Automaton, the Mad Scientist. Little was known about him other than the fact that he was, unlike most people, a robot. What’s more, he wasn’t just any robot; he was a doctor (which, if you ask a great many people, is far harder to become than a robot). Dr. Automaton had the unique distinction of being in charge of the Flasterbornian Immortality Center and Laboratory—or FICL, if you happen to be too lazy to say “the Flasterbornian Immortality Center and Laboratory.” FICL is, as you probably have already heard, the most glorious hospital in all the world. Why shouldn’t it be? It, along with the doctor, was created by Flasterborn himself. And, as the whole world knew, if anyone could accomplish the impossible, it was Flasterborn.
Seeing Dr. Automaton’s name made Walter especially excited because he knew
more about Flasterborn than most, which is quite the feat, because everyone knew about Flasterborn. About half of everything in people’s houses had his name on it, for Flaster’s sake.
“You like Flasterborn?”
Before he could read any more, however, Cordelia snatched the stack of papers away. She glared at him, adrenaline still rushing through her wispy frame.
“There’s drool on your chin,” she said. With that, Cordelia pushed herself up and rushed off without a second glance.
Walter flushed, rubbing at his chin as he trailed behind her. Drool was an unfortunate side effect of the blowgun.
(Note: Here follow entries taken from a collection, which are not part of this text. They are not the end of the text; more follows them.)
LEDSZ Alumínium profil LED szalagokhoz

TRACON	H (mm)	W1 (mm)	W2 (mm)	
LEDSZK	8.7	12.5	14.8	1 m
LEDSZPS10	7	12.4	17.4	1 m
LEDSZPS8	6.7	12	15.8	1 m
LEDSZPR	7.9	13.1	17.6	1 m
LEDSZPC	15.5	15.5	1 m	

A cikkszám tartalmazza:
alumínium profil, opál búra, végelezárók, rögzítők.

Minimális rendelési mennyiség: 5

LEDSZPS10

He watched Cordelia disappear into the smog, and sighed. He was going to be the latest person to class. Being the latest wasn’t a problem anymore. It was more off-putting to those around him, he found, if he wasn’t.
CHAPTER 4
• • •
WICKED MS. WARTLEBUG
Magda Wartlebug had wanted to be a teacher from the age of four, when she would capture the prettiest ladybugs, stick her prettiest hatpins into them, and then fasten them to the ground so that they had to listen to her lessons about the importance of kindness.
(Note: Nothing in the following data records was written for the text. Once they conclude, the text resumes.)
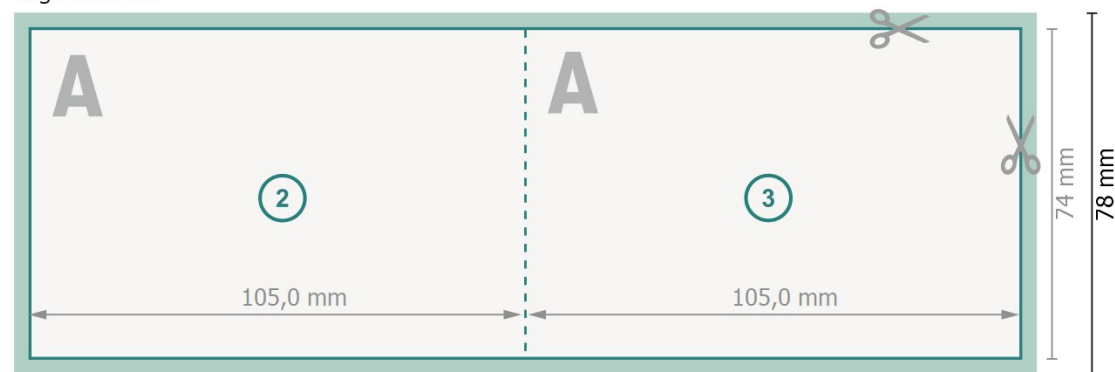

Biglietti pieghevoli, formato orizzontale, A7

1 piega

Pagina esterna

Pagina interna

Formato dei dati (incl. 2 mm refilo):

21,4 x 7,8 cm

refilo:

2 mm

Formato finale:

21 x 7,4 cm

Formato finale (chiuso):

10,5 x 7,4 cm

Distanza di sicurezza:

4 mm

distanza dei testi/delle informazioni dal bordo del formato finale per evitare un punto di taglio indesiderato.

Attenersi alle seguenti

Creare i documenti con la smarginatura e la distanza di sicurezza indicate.

Impostare i colori di sfondo, le immagini o i grafici fino al bordo del formato dei dati.

In fase di produzione il taglio, la fustellatura e la piegatura possono dar luogo a tolleranze.

Per indicazioni sui dati per la stampa, consultare la voce di menu *Dati per la stampa* su

Spiegazione dei simboli

 Margine di

 Direzione di lettura

 Formato finale

 Formato dei dati

 Il prodotto viene tagliato/fustellato qui

She graduated early and rushed to Moormouth in order to replace the town’s only teacher, Ms. Croat, whom she vowed to never be like. (Ms. Croat had died the previous May due to an overdose of despotism.) Ms. Wartlebug was ecstatic as she looked forward to accomplishing what she had always known she could.
Then she met the children.
Ms. Wartlebug had thought children would be more like ladybugs—quiet, puny, and easy to nail down. Alas, she learned, they were far louder, slipperier, and spittier than she could have imagined. This made her realize that her role as a teacher was far more important than she’d ever known. It was her duty to make sure the children never learned anything. That way they would never reach their dreams. If they never reached their dreams, then they wouldn’t do anything important.